ElevenLabs API down or too slow
Use AVSpeechSynthesizer (Apple TTS) for dev/testing. Switch back when it's up. Or try OpenAI TTS API as alternative.
Unipile WhatsApp won't connect
Skip Day 3 entirely → do Day 4 (Gmail) instead. Come back on Day 6 buffer time. Worst case: ship without WhatsApp, add in v1.1.
Google OAuth consent screen blocked
Use Testing mode (100 users max) — fine for MVP. Add your email as test user. Submit for verification in parallel.

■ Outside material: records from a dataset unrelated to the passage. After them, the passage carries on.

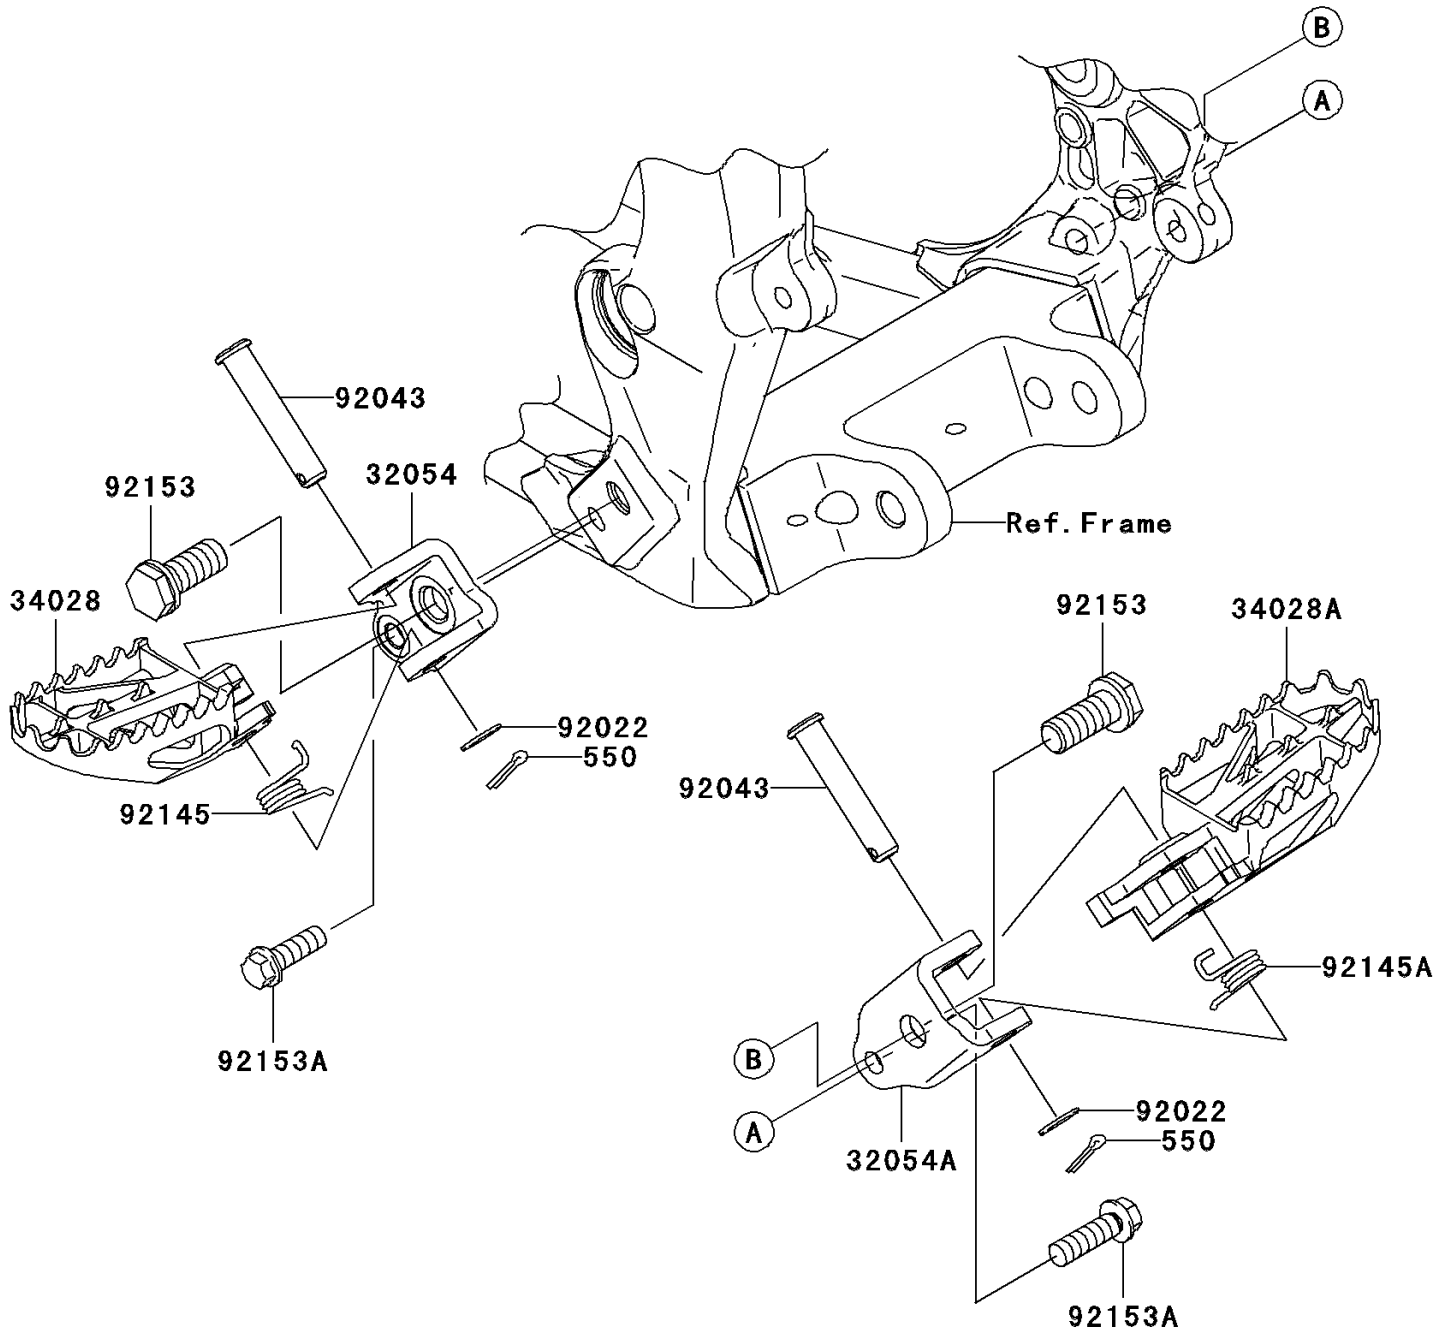

2007 KX250F

PARTS DIAGRAM

Footrests

F2160

2007 KX250F

PARTS LIST

Footrests

ITEM NAME

PART NUMBER

QUANTITY

GPT-4o-mini tool-calling unreliable
Add few-shot examples to system prompt. If still bad → try gpt-4o (more expensive but better). Last resort: Claude Haiku (proven in Drifo).
Can't finish Day 6-7 features
Core loop works by Day 5. Day 6-7 are polish — skip driving detection + summary. Ship with manual tap-to-activate instead of auto-detect.